Quick question on the post, in the paragraph on metal gate transistors there are a couple of advantages listed. The last one says, "Third, metal-gate circuitry required an additional +12 V power supply."
It's not clear to me why a +12V supply would be an advantage? Did 1974 have their equivalent of ATX supplies so that meant one less rail the PCB needed to generate compared to silicon-transistor designs?
And there is some interesting cut in the ceramic that is exposing the lead frame on the left side of the package in the picture that is showing where the -2.5V bias note was written. Do you know what that is?
As jacobr1 pointed out, it's a disadvantage of metal-gate transistors, not an advantage. Silicon-gate transistors are entirely better than metal-gate transistors. (Except now metal-gate transistors are coming back for high performance, using "high-k" metals like hafnium. But these are completely different from 1970s-era metal-gate transistors.)

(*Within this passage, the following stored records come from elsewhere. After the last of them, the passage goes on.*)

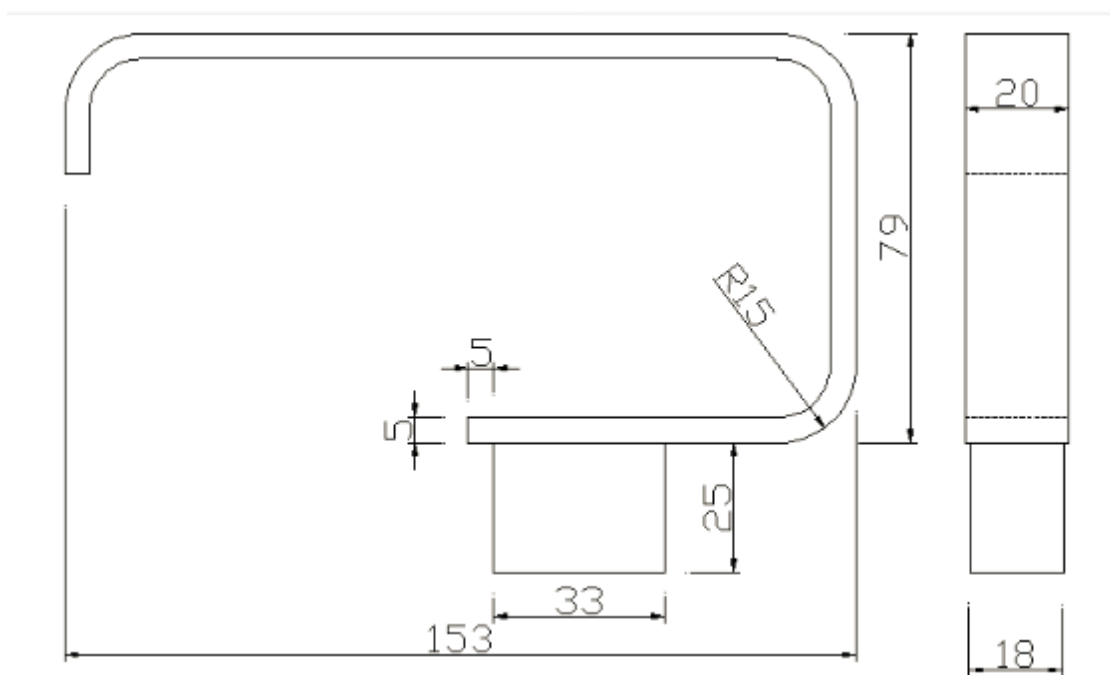

CODE LEG5C - CHROME
LEG5B - BLACK

SIZE 195 X 85 (H) X 94MM

LEGEND ACCESSORIES

TOILET ROLL HOLDER

PRODUCT	TOILET ROLL HOLDER
CODE	LEG1C - CHROME LEG1B - BLACK LEG1BR - BRUSHED BRASS
SIZE	153 X 20 (H) X 104MM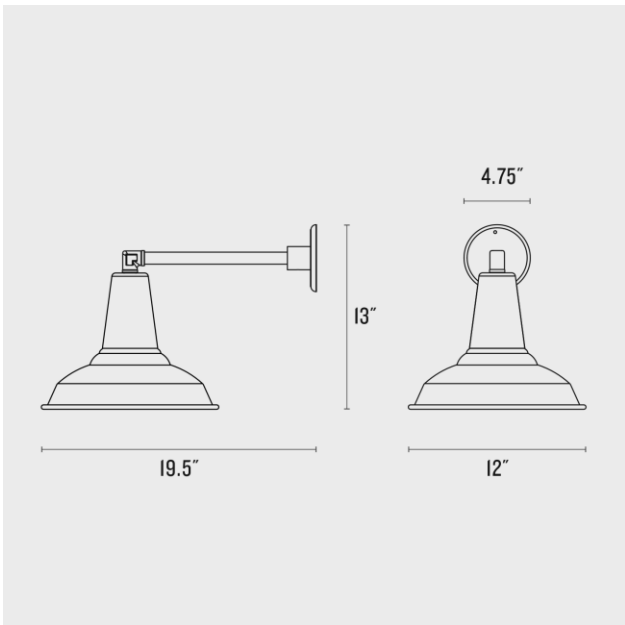

Color Option(s)

Cage Option(s)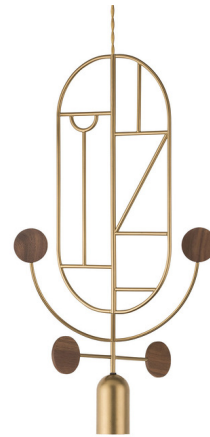

Lightology

lightology.com
866-954-4489
06-04-26

Project: _____

Company: _____

Location: _____ Fixture Type: _____

SPEC #: **NOM1248845**

Approved On: _____ Approved By: _____

Wooden Dots WDS05 Pendant

By Nomon

Description

The Wooden Dots Pendant offers an artistic expression that is as much a decorative sculpture as it is a light fixture. The pendant features a cylindrical downlight with an oblong frame decorated by a geometric design. A pair of rotating arms adorned with colored metal or walnut dots rests below the pendant for a mobile-like appearance. Its unique look embodies Nomon's philosophy of creating jewelry for the home.

Specifications

COLOR N/A
BODY FINISH Brass / Walnut
WATTAGE 7.5W
DIMMER Standard 120V
DIMENSIONS 14.2"W x 23.6"H x 2.1"D
BULB INCLUDED 1 x MR16/GU10/7.5W/120V LED
COUNTRY OF ORIGIN Spain

Technical Information

COLOR RENDERING 80 CRI
LAMP COLOR 2700K
LUMENS/WATT 66.67
LUMINOUS FLUX 500 lumens

Shown in brass / walnut

CLICK TO VIEW PRODUCT

Notes: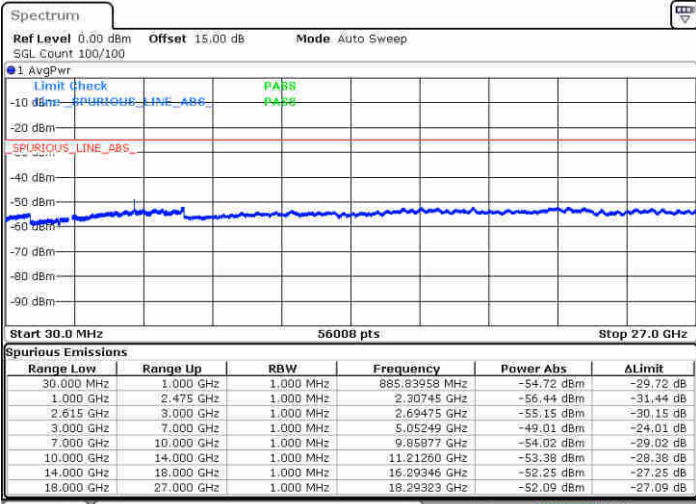

Lowest Channel / 1RB99 and 1RB0

Date: 21 JUN 2020 14:08:18

Date: 21 JUN 2020 14:16:54

Lowest Channel / FullIRB

N/A

Date: 21 JUN 2020 14:02:25

LTE Band 7C / 20MHz+20MHz

64QAM

Middle Channel / 1RB0 and 1RB99

Middle Channel / 1RB99 and 1RB0

Date: 21 JUN 2020 14:50:48

Date: 21 JUN 2020 14:52:08

Middle Channel / FullRB

N/A

Date: 21 JUN 2020 14:39:37

LTE Band 7C / 20MHz+20MHz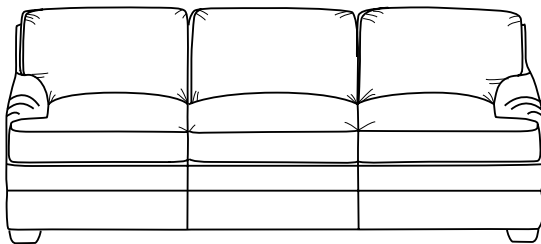

Durable Fine Furniture, Inc.

L O N D O N

Box back with tall skirt

ITEM	W	D	H	AH	SH	SD
30-120	35	39	38	23	18.5	22

LONDON

30-121 - Ottoman
29 x 20 x 17.5
Matches lounge chair
30-120

30-122 - Lounge chair
Tight back or tufted back
with legs or tall skirt
35 x 39 x 37 AH: 25 SH: 20 SD: 22

30-123 - Ottoman
29 x 20 x 17.5
Matches lounge chair
30-122

10-123 - Chaise
Chaise with arm(s), tight back or
box back with tall skirt
35 x 68 x 37 AH: 24 SH: 18.5 SD: 56

10-120 - Sofa
Box back with tall skirt
10-120-72 72 x 39 x 37 AH: 24 SH: 18.5 SD: 22
10-120-84 84 x 39 x 37 AH: 24 SH: 18.5 SD: 22
10-120-96 96 x 39 x 37 AH: 24 SH: 18.5 SD: 22

10-125 - Sofa
Tight back with tall skirt
10-125-72 72 x 39 x 37 AH: 24 SH: 18.5 SD: 22
10-125-84 84 x 39 x 37 AH: 24 SH: 18.5 SD: 22
10-125-96 96 x 39 x 37 AH: 24 SH: 18.5 SD: 22

10-127 - Sofa
Knife edge back with legs
10-127-72 72 x 39 x 37 AH: 24 SH: 18.5 SD: 22
10-127-84 84 x 39 x 37 AH: 24 SH: 18.5 SD: 22
10-127-96 96 x 39 x 37 AH: 24 SH: 18.5 SD: 22

Wedge
48.5 x 48.5 x 37
SH: 20 SD: 22

Corner
39 x 39 x 37
SH: 20 SD: 22

Left or right arm facing sofa
82 x 39 x 37
AH: 24.5 SH: 20 SD: 22

Left or right arm facing love seat
57 x 39 x 37
AH: 24.5 SH: 20 SD: 22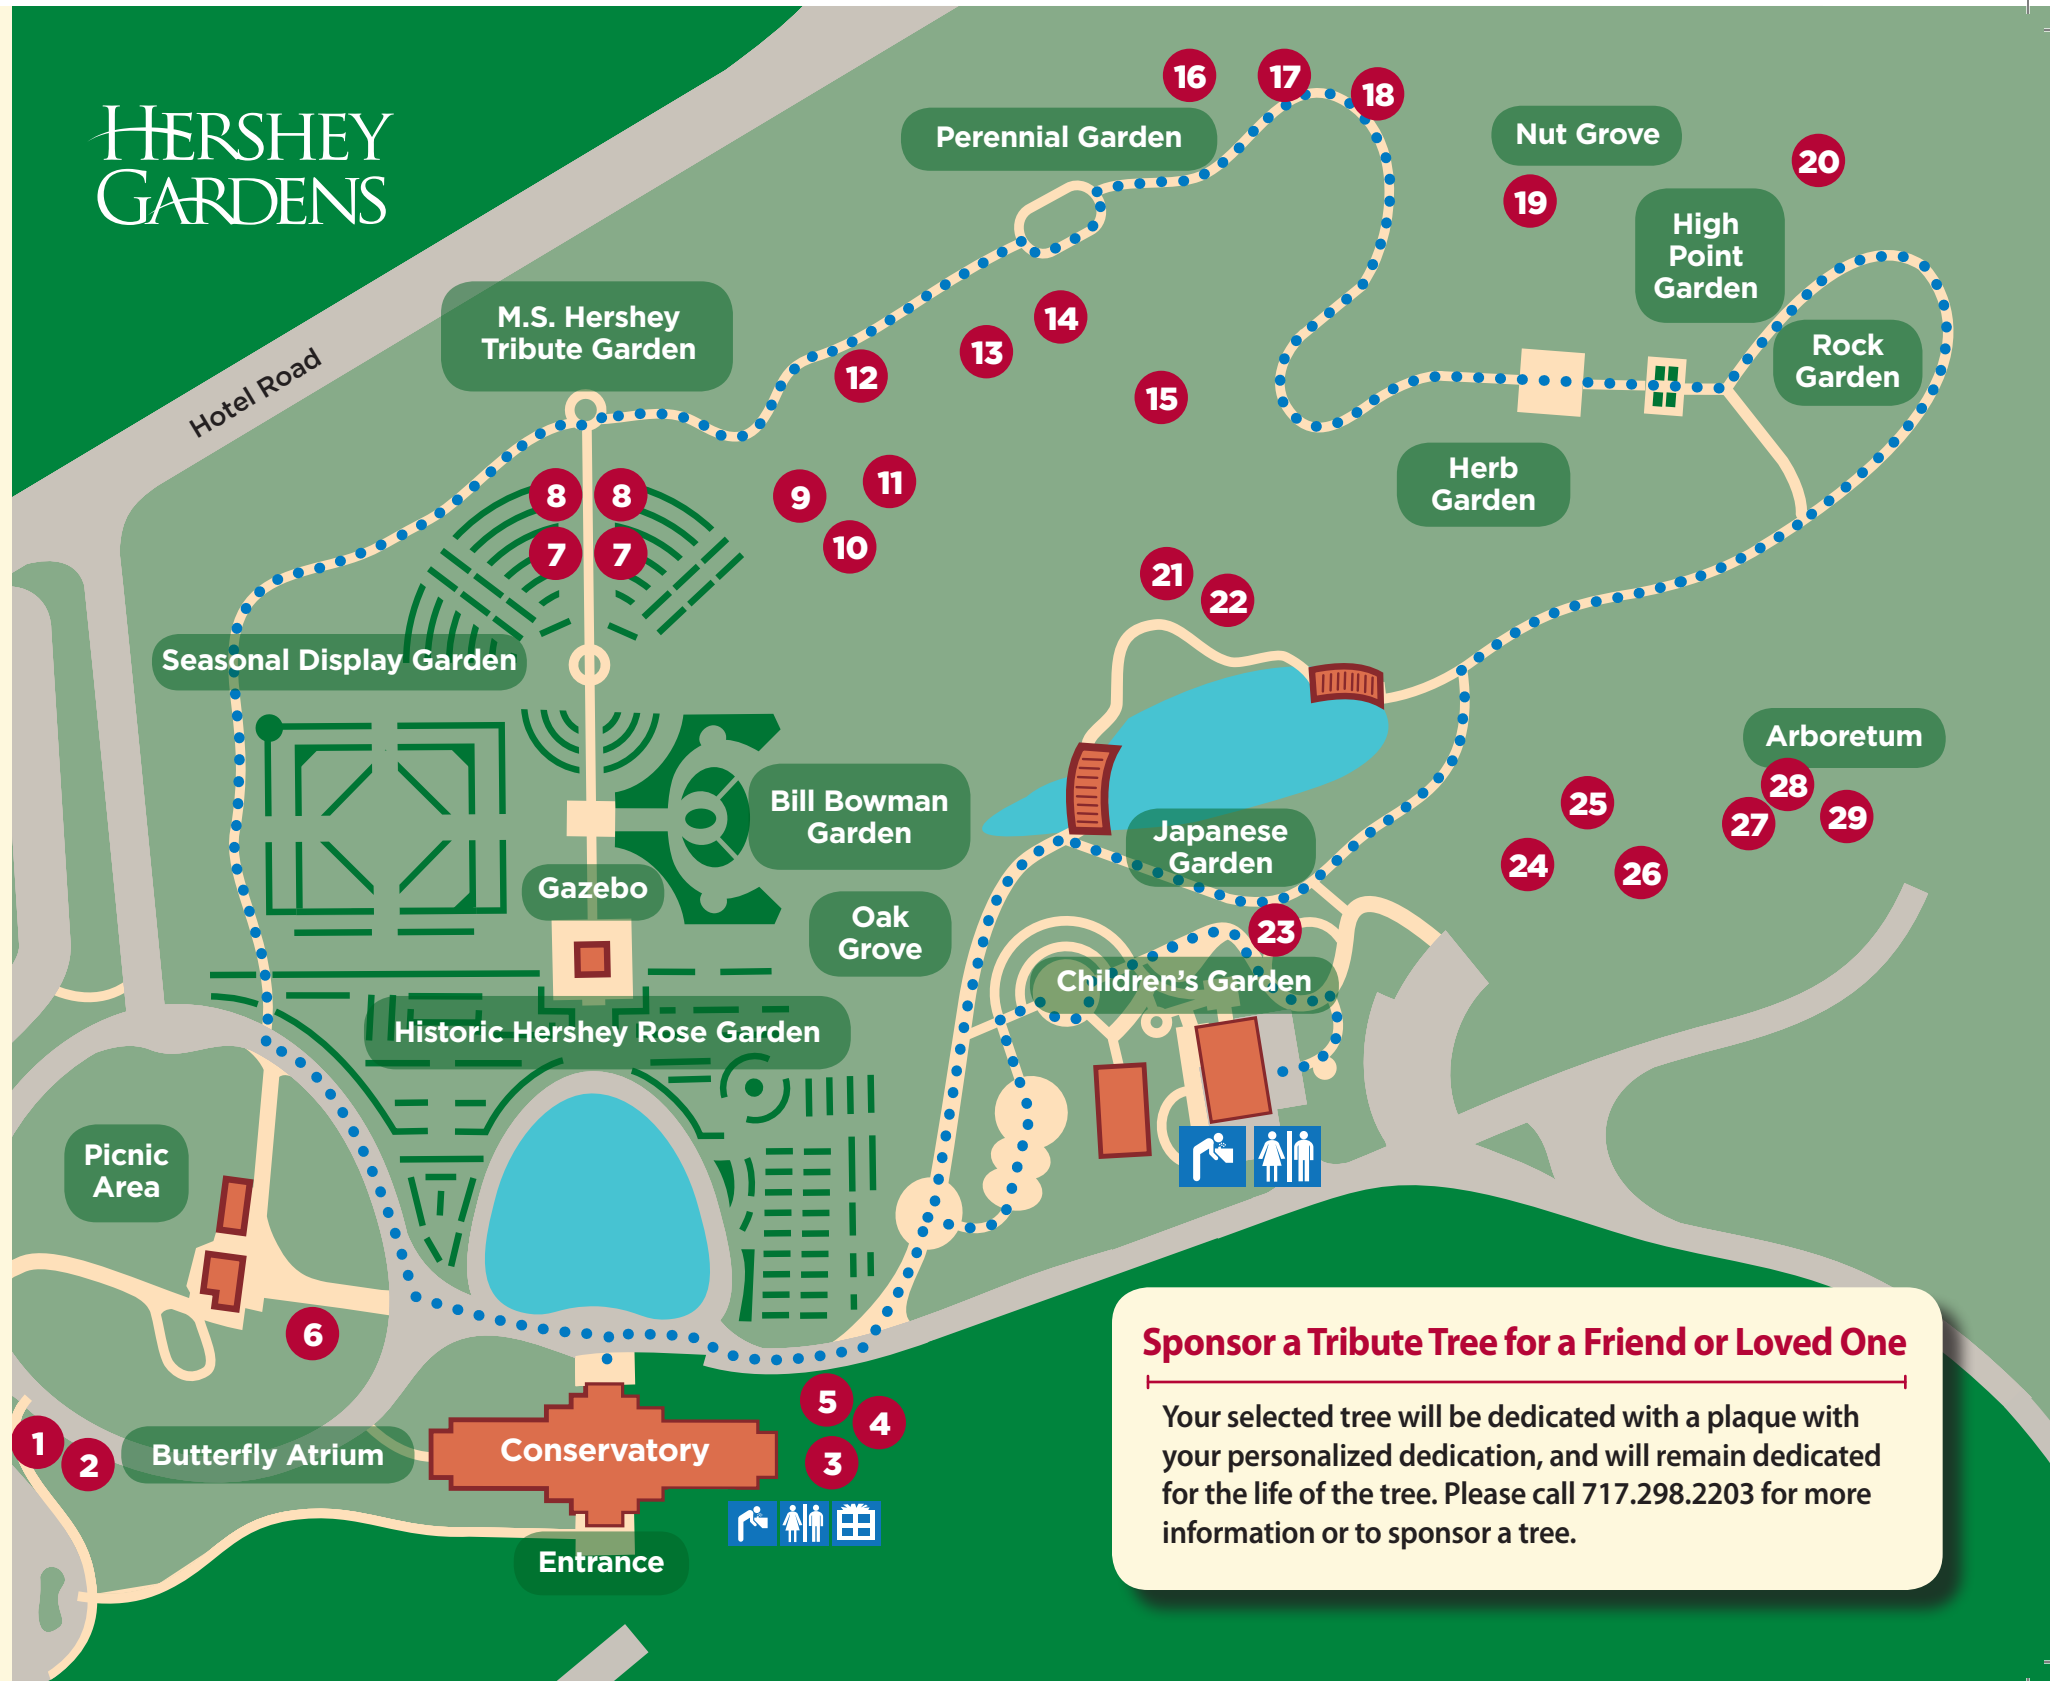

## TRIBUTE TREE SPONSORSHIP OPPORTUNITIES

### Existing Trees

- 1 Snow Fountain Cherry - **SOLD**
- 2 Snow Fountain Cherry - **SOLD**
- 3 Cherry 'Royal Burgundy' - \$750
- 4 Cherry 'Royal Burgundy' - \$750
- 5 Cherry 'Royal Burgundy' - \$750
- 6 Pin Oak - \$750
- 7 Pair of Columnar Cherry Trees - \$1,200
- 8 Pair of Columnar Cherry Trees - **SOLD**
- 12 Katsura Tree - \$750
- 15 Japanese Maple - **SOLD**
- 19 Magnolia - **SOLD**
- 23 Oriental Spruce 'Gowdy' - \$750
- 24 Dogwood 'Cloud Nine' - \$750
- 25 Dogwood 'Cloud Nine' - \$750
- 26 Dogwood 'Cloud Nine' - \$750

### New Trees (to be planted)

- 9 Japanese Maple - \$1,000
- 10 Japanese Maple - \$1,000
- 11 Japanese Maple - \$1,000
- 13 Japanese Maple - \$1,000
- 14 Japanese Maple - \$1,000
- 16 Large Shade Tree - \$750
- 17 Large Shade Tree - \$750
- 18 Large Shade Tree - \$750
- 20 Magnolia - **SOLD**
- 21 Japanese Maple 'Dancing Peacock' - \$1,000
- 22 Japanese Maple 'Dancing Peacock' - \$1,000
- 27 Crabapple - \$750
- 28 Crabapple - \$750
- 29 Crabapple - \$750

### Sponsor a Tribute Tree for a Friend or Loved One

Your selected tree will be dedicated with a plaque with your personalized dedication, and will remain dedicated for the life of the tree. Please call 717.298.2203 for more information or to sponsor a tree.

For your other question, the visible metal trace on top of the IC package is a common thing with ceramic packages. I think the purpose was to ground the metal lid of the IC to protect against noise, static, etc.
If the metal strip is on the top of the ceramic and grounded it makes sense that it would be for ESD protection. Especially as they likely did hand assembly of the PCBs.
Interestingly, the $360 quoted in the article is not that far off from a modern desktop Intel chip. For $25 today you can get an entire computer in the form of a Raspberry Pi 3 A+.
It was a cheap to manufacture chip with extremely limited capabilities. We certainly still have those, but the art has advanced to where the "extremely limited" part is not as limiting as it once was.
That doesn't really mean anything, other than the fact that the technology has gotten insanely cheaper. It's much more relevant to the question to compare the relative costs to modern chips. I just thought it was interesting that we could actually do this using things relatively close to the original price points in the article.